How he acquired that name is anybody's guess.  But he didn't inherit it from a line of Stringfellows going back to the Dark Ages.
by Anonymous Horace G2G6 Pilot (567k points)
Your points are well taken due to other research that lends itself to those same conclusions. However, you assume the 13th and 14th Centuries were the beginning of surnames, the middle class, population expansion and the Black Death. Correct on all counts except one. Surnames started in order to identify and organize the populace for tax considerations and many other practical considerations. Both names are Anglo/Saxon or even original Brythonic which does not rule out post Norman Conquest. It just suggests the 8th or 9th Century as easily as the 13th. Snead and Stringfellow hail from the same county also. That is ironic. The first recorded maternal guy was the Lord of Keele. That was in fact 16th Century. The paternal guy could be pre Norman invasion. Regards
Additional Wiki research indicates early Yorkshire County influence from the Angles after the post Roman Gaelic influence was replaced by the (Anglo Saxon) invasion as far north as Edinburgh. An English name derivative from the close neighboring border country clan name Armstrong or strong fellow. Name origins can be subjective but not necessarily random with little or no logical foundation. Similar to genealogy. It all comes from somewhere in the past usually before written record. Meaning logically things such as this started before the end of the Middle Ages. In this case when British surnames began. British given names are not comparable to surnames. Records prove first names are handed down based on New Testament Greek as much if not more than original Hebrew. Dorcas instead of Tabitha being an example. Some repeated given names are Old Testament prophets but most appear to be Christian. John, Paul, Peter, James, Andrew etc. None of which have much to do with a one or more continuous surname holding a specific geographic, regional and cultural tie. Particularly in the relevant area of pre Williamsburg Jamestown or Plymouth.

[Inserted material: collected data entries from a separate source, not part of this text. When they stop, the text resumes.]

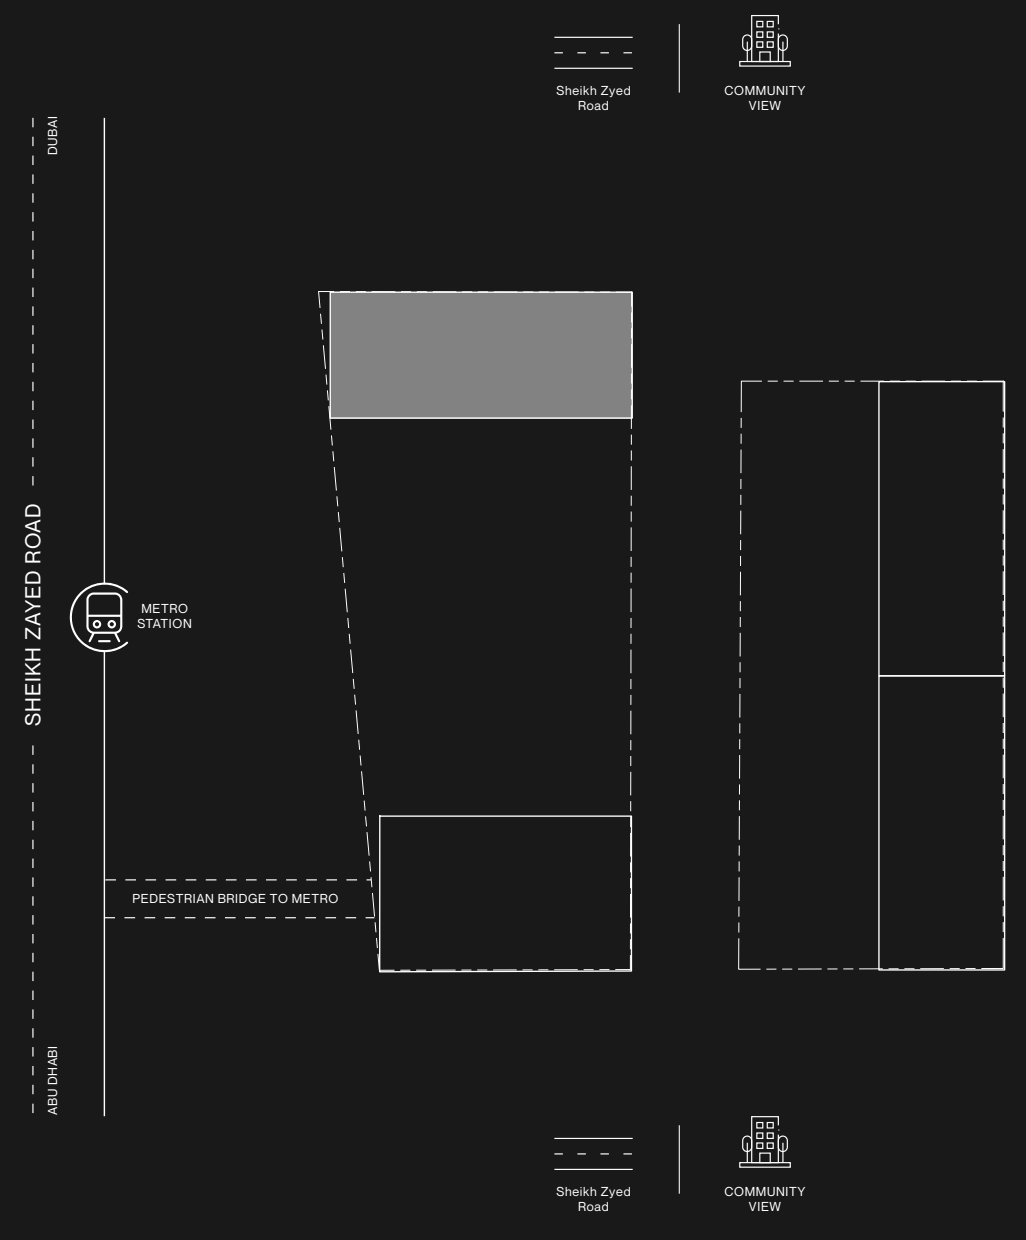

LEVEL 12 TOWER C

- STUDIO
- 1 BEDROOM
- 2 BEDROOM
- 3 BEDROOM

RAW DISTRICT DUBAI

R
15
14
13
12
11
10
9
8
7
6
5
4
3
2
1
P5
P4
P3
P2
P1
G

LEVEL 13 TOWER C

- STUDIO
- 1 BEDROOM
- 2 BEDROOM
- 3 BEDROOM

RAW DISTRICT DUBAI
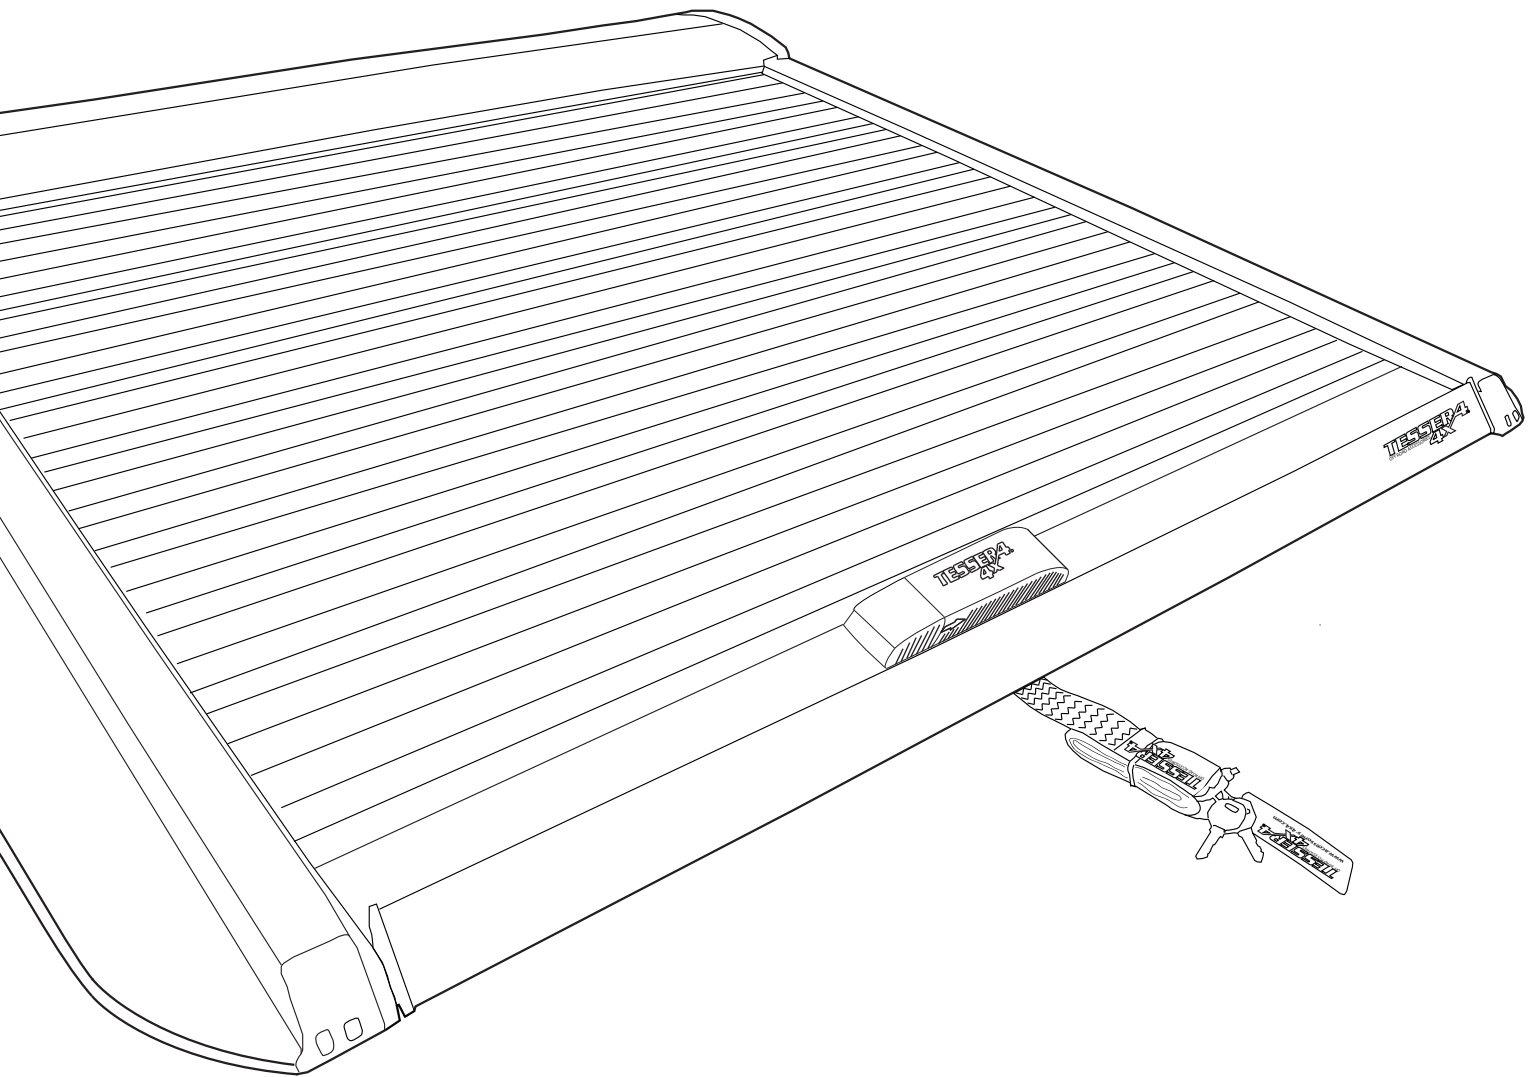

A)

B)

Aluminum Roller Lid-Shutter (SOT-ROLL Series by Tessera4x4)

Customer Service: +30 (210) 5541161, +30 (210) 5541154 (08:00 - 16:00 EET)

Fax: +30 (210) 5541443

Support department: info@gianso.gr

Website: www.accessories-4x4.com

The determination here is Angle after further study and logical deduction.
I'm with RJ Horace on this one. I would then add that I also find it difficult to consider this a Brythonic name. When establishing the origins of names it is essential to trace the earliest record, but do so from the present to ensure a continuity.

The fact a name existed in the thirteenth or fourteenth century does not mean that the name continued down the generations. Ultimately though, assuming that you can trace the name back all that distance, then you really need to look at the contemporaneous spelling in order to try and ascertain the etymological origins.